Records from a dataset:
- - - -

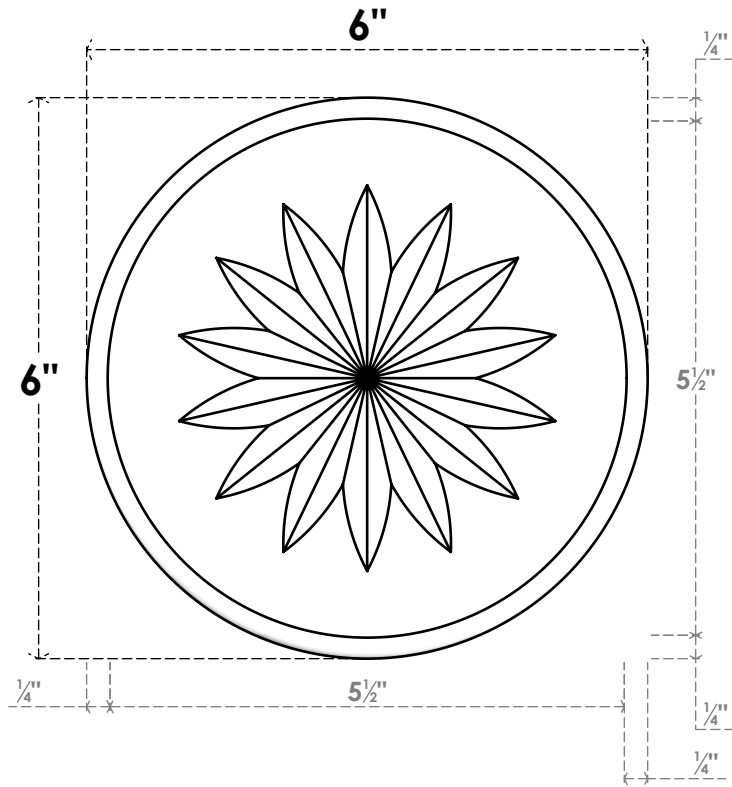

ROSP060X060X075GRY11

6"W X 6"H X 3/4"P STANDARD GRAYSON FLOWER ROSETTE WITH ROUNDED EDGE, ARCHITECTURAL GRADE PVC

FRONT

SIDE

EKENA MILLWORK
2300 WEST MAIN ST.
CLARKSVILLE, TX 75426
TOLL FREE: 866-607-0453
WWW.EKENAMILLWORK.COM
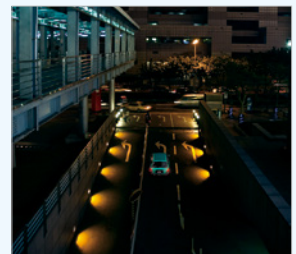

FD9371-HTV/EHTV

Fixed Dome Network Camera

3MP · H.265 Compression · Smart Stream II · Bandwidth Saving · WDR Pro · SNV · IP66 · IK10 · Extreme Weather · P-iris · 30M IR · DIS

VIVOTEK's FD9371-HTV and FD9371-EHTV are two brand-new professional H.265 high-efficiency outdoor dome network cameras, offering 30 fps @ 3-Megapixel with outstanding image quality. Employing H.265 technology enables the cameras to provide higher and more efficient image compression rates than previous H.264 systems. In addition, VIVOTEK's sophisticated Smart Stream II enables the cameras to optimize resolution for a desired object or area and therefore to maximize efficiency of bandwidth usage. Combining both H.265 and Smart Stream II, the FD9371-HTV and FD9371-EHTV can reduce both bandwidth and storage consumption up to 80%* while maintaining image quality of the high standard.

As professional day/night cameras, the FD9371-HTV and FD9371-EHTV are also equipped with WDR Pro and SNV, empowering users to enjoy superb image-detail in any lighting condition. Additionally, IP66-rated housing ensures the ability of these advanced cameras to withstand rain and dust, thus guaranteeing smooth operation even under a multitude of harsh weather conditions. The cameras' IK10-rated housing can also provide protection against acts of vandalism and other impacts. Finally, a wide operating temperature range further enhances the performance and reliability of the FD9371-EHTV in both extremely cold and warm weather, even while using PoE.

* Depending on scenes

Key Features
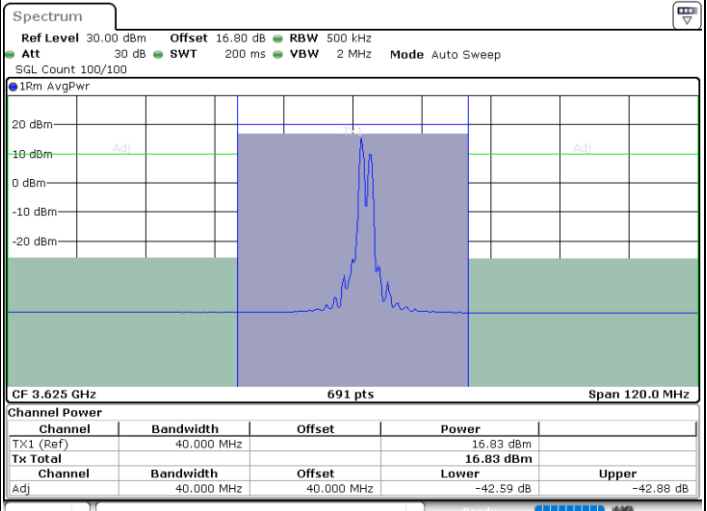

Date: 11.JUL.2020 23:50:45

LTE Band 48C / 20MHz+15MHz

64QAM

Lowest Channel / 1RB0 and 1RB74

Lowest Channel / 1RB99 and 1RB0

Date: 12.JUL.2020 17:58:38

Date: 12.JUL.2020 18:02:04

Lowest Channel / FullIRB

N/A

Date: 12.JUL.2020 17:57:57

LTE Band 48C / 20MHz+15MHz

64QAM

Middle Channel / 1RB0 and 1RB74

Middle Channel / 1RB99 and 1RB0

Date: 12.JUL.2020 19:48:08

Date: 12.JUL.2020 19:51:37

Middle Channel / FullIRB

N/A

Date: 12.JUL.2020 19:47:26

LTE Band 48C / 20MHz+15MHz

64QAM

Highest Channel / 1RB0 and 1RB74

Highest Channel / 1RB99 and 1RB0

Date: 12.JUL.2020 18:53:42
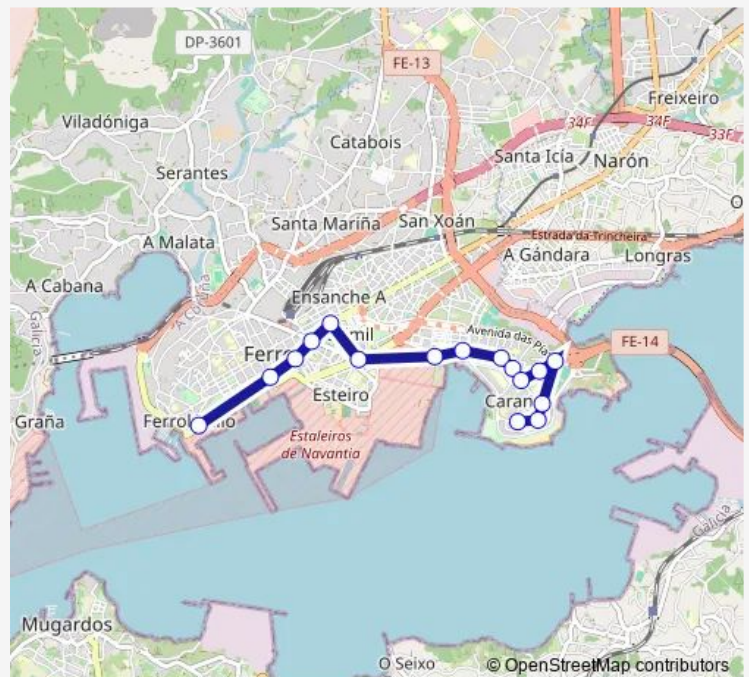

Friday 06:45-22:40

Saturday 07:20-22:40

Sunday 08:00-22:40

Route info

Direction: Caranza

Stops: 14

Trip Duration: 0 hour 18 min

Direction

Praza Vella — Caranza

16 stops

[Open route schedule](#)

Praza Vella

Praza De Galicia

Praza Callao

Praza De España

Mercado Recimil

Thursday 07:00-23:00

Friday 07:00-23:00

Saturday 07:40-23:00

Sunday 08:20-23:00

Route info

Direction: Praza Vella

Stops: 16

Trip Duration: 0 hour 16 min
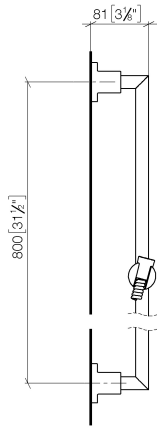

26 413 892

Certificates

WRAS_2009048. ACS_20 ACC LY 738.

- - - -

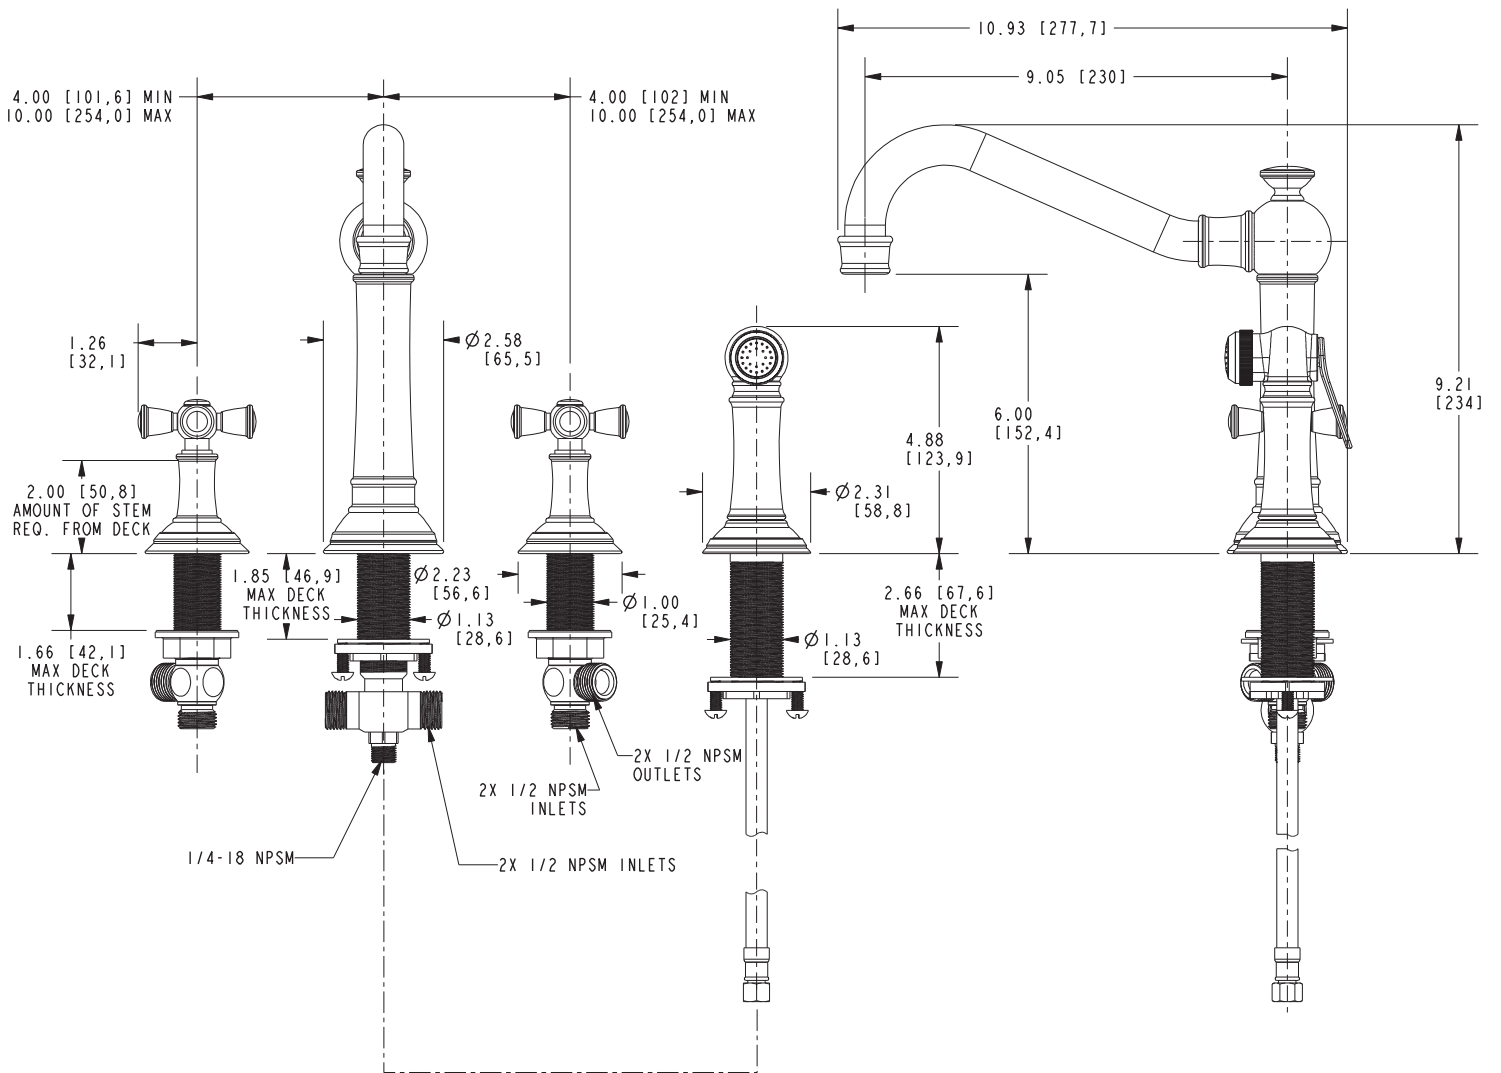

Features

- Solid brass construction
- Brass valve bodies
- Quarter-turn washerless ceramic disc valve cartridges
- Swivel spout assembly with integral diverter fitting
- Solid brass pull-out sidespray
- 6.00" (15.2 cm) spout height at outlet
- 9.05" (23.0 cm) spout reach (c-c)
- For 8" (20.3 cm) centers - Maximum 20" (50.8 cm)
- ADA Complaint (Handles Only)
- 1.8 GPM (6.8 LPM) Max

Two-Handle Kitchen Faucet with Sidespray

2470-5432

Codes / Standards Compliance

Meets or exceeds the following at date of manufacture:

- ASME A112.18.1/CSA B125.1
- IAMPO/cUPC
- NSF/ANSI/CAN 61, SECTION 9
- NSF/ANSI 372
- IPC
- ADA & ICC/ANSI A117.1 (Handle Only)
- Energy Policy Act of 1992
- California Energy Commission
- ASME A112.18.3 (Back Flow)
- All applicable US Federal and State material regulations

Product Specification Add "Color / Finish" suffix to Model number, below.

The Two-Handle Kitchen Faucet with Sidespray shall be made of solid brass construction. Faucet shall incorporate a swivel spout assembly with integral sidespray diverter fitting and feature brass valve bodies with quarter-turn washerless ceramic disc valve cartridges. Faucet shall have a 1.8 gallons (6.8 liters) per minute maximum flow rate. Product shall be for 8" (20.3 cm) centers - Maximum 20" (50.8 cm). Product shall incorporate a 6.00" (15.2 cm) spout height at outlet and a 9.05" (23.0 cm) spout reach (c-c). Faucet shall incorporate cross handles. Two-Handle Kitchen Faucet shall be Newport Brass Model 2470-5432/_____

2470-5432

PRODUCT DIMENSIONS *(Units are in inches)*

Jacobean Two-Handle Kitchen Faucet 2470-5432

- - - -

• Task statement: In the data above, retype only the stretch from the line with "ROSP060X060X075GRY11" through the line with "3MP · H.265", word for word, and skip any pictures.

• Output below:
ROSP060X060X075GRY11

6"W X 6"H X 3/4"P STANDARD GRAYSON FLOWER ROSETTE WITH ROUNDED EDGE, ARCHITECTURAL GRADE PVC

FRONT

SIDE

EKENA MILLWORK
2300 WEST MAIN ST.
CLARKSVILLE, TX 75426
TOLL FREE: 866-607-0453
WWW.EKENAMILLWORK.COM

FD9371-HTV/EHTV

Fixed Dome Network Camera

3MP · H.265 Compression · Smart Stream II · Bandwidth Saving · WDR Pro · SNV · IP66 · IK10 · Extreme Weather · P-iris · 30M IR · DIS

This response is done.